Extracted records
_ _ _
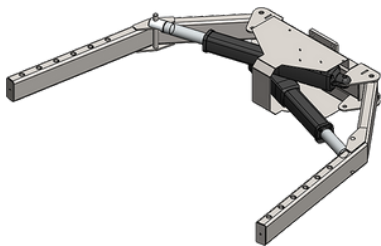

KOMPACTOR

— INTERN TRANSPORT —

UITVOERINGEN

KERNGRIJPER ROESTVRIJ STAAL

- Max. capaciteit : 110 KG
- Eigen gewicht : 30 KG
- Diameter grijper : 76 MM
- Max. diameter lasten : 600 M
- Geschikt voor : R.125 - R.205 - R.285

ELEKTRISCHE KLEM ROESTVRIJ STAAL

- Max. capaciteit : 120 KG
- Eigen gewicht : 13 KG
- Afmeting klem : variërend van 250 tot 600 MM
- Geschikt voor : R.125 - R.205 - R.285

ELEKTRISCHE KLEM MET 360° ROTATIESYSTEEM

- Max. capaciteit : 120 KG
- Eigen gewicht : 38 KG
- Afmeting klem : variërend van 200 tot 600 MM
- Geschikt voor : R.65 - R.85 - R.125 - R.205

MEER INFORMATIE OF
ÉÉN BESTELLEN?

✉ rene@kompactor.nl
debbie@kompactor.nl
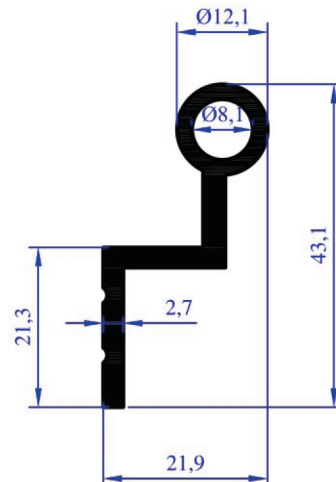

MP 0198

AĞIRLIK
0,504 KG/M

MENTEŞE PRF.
_ _ _
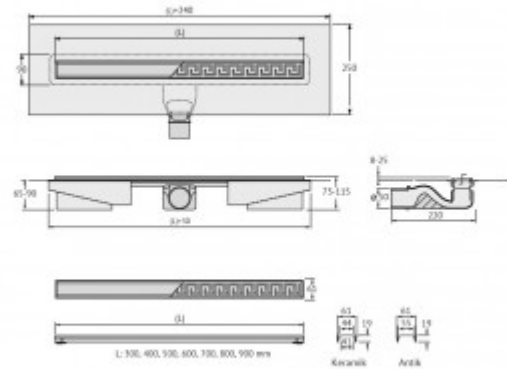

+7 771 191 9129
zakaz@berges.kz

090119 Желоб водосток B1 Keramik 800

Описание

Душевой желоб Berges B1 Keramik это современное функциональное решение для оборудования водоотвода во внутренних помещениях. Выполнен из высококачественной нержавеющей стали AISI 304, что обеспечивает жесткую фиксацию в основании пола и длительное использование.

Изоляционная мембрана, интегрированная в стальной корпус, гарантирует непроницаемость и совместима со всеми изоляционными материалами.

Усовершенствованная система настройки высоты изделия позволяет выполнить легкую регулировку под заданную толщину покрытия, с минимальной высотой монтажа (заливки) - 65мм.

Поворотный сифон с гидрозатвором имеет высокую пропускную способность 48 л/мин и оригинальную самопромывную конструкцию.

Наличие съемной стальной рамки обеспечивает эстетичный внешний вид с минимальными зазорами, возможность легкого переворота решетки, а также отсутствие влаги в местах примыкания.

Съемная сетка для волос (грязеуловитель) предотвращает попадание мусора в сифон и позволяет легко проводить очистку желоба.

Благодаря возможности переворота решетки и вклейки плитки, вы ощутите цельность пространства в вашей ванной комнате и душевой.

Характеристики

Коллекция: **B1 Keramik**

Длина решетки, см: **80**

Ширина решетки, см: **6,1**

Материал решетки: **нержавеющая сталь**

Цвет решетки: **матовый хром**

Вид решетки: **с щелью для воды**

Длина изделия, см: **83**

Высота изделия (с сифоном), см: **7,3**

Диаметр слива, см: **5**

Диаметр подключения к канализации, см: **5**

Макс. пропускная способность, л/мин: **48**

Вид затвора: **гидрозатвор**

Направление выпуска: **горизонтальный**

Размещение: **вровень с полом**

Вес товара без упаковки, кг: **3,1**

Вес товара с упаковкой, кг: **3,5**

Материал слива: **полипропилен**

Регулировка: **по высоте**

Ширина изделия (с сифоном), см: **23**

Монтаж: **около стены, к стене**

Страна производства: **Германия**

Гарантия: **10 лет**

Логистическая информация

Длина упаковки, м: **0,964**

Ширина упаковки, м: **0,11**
_ _ _
Take the line above containing "Благодаря возможности переворота", the line containing "Цвет решетки: **матовый хром**", and all lines in between, and copy them exactly without anything else.

Благодаря возможности переворота решетки и вклейки плитки, вы ощутите цельность пространства в вашей ванной комнате и душевой.

Характеристики

Коллекция: **B1 Keramik**

Длина решетки, см: **80**

Ширина решетки, см: **6,1**

Материал решетки: **нержавеющая сталь**

Цвет решетки: **матовый хром**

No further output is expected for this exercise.